This past summer, two incidents shined a harsh light on pharmacists who refused to fill prescriptions on moral grounds. Although they had very different outcomes, both incidents raised the question of pharmacists’ rights not to fill prescriptions on moral grounds versus individual rights to have legal prescriptions filled at a pharmacy.
The Arizona Incidents
CVS came under fire last summer when a pharmacist at one of their stores in Arizona refused to fill a hormone prescription for a transgender woman. In a blog on the ACLU’s website, the woman claims the pharmacist questioned her loudly in front of other customers and rejected her, and her doctor’s requests to transfer the prescription to another location. CVS promptly apologized for the incident and fired the pharmacist. The company said the pharmacist had violated company policy.
In the second case, a Walgreens pharmacist refused to fill a prescription for a woman’s prescription for a miscarriage drug. Walgreens did not fire the pharmacist and did not apologize to the woman. Instead it released a statement saying that company policy allows its pharmacists to not fill prescriptions if they morally object to it.
It’s a complicated situation. In both cases, state law was not violated. However, in one case corporate policy was. The CVS corporate policy is distinctly different from Arizona state law. As reported by USA Today, CVS spokesman, Mike DeAngeli, said “under Arizona state law the company must accommodate any religious convictions that prevent a pharmacist from filling specific medications. Arizona pharmacists are required to notify the company in advance about any religious convictions so CVS can make other arrangements to ensure a patient’s needs are met.” That may be Arizona state law but CVS corporate policy does not hue to it.
Conscience clauses
Laws in many states have what are called “conscience clauses” that allow health providers to refuse services if doing so violates personal or religious beliefs. The National Conference of State Legislatures says the clauses were established decades ago “… in response to the United States Supreme Court’s decision in the Roe v. Wade case, 410 U.S. 113 (1973), overturning state laws outlawing or restricting abortion. Some states have subsequently proposed legislation and passed laws designed to allow doctors and other direct providers of health care to refuse to perform or assist in an abortion, and hospitals to refuse to allow abortion on their premises.
“The issue now includes pharmacists who refuse to fill emergency contraception and contraception prescriptions. Conscience clauses give pharmacists the right to refuse to perform certain services if it violates their religious or personal beliefs or values. Most conscience-related policies focus on the pharmacist dispensing emergency contraception. Some states explicitly grant pharmacists the right to refuse to dispense drugs related to contraception on moral grounds. Other states require pharmacies to fill any legal prescription for birth control or any other medication.”
As we said, it’s complicated. The NCSL lists the conscience clauses enacted in various states. It’s best to check the list to see your standing under the laws in the state in which you practice. Checking with your organization’s corporate policy is essential as well.
There are two broad categories of conscience clauses:
- Right to refuse with patient protections
- Right to refuse without patient protections
Right to refuse with patient protections clauses range in their requirements.
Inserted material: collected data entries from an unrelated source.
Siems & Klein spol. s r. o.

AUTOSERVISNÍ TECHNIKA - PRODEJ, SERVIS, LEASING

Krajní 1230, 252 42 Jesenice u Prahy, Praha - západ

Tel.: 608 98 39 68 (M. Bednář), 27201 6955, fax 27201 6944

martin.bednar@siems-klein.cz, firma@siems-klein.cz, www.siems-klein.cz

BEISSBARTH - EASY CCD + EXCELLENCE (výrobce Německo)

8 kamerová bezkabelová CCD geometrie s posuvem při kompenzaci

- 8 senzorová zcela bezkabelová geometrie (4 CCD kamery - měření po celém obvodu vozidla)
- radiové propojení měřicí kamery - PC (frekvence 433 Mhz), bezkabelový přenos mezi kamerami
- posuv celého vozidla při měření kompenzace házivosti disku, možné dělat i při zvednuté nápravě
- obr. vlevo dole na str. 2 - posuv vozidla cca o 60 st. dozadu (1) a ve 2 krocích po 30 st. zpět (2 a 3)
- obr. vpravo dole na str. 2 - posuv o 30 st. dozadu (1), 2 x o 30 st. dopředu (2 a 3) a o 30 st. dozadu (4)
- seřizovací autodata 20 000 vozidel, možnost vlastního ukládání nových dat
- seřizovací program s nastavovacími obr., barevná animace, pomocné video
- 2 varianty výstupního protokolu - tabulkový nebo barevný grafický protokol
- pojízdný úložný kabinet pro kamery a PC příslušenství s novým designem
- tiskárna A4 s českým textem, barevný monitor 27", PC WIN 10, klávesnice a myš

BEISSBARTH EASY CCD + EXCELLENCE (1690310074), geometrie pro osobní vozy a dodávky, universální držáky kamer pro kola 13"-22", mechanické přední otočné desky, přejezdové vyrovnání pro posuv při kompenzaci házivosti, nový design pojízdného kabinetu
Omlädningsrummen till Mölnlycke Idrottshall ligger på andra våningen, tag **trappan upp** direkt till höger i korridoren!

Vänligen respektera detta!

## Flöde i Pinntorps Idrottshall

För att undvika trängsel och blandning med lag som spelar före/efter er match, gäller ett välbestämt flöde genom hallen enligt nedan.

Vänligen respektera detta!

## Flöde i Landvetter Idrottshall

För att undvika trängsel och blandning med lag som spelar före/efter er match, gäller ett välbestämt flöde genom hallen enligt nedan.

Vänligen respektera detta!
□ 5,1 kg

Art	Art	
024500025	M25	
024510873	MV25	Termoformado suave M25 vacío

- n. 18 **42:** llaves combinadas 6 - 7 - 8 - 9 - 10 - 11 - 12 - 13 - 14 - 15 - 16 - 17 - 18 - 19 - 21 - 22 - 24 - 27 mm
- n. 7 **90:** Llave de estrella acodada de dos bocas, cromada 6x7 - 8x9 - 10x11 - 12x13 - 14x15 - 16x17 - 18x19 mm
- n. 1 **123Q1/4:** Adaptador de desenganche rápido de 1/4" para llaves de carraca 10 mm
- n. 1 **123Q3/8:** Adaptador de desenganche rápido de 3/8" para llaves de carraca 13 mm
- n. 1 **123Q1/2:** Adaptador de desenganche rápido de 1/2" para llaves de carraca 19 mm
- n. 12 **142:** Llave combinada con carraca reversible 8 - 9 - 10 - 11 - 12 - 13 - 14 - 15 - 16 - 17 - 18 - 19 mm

The California code outright bans pharmacists from refusing to fill prescriptions. Codes in Delaware, New York state, North Carolina, Oregon, and Pennsylvania state that a pharmacist may refuse to fill a prescription based on religious or moral objections; however, steps must be taken to fill the prescription so as not to “abandon” the patient.
Right to refuse without patient protection clauses are on the books in Georgia, Arizona, Arkansas, Idaho, South Dakota, Missouri and Texas. They protect the rights of the pharmacist to refuse to fill a prescription on moral or religious grounds, they do not require that accommodations be made to fill the prescription for the consumer by another pharmacist.
If ever there was a polarized, and polarizing, issue, this is it. Conscience clauses have been under debate for many years. In 2006, the AMA Journal of Ethics discussed the issue at length. Their conclusion was as follows;
“It seems most just that, when possible, the conscience and morals of a health care worker should be considered, so long as patients are being cared for and not overburdened by long drives through rural towns and not being shamed for what someone presumes to be an immoral lifestyle choice.”
Sometimes, as much as things change, they stay the same. Discrimination still exists and individuals still seek to limit other’s lifestyle choices. However, we think that delivering health care equitably, and creating access for all is the goal. To that end, pharmacists may remain true to their personal beliefs, but that should not be allowed to adversely impact the lives and well-being of others.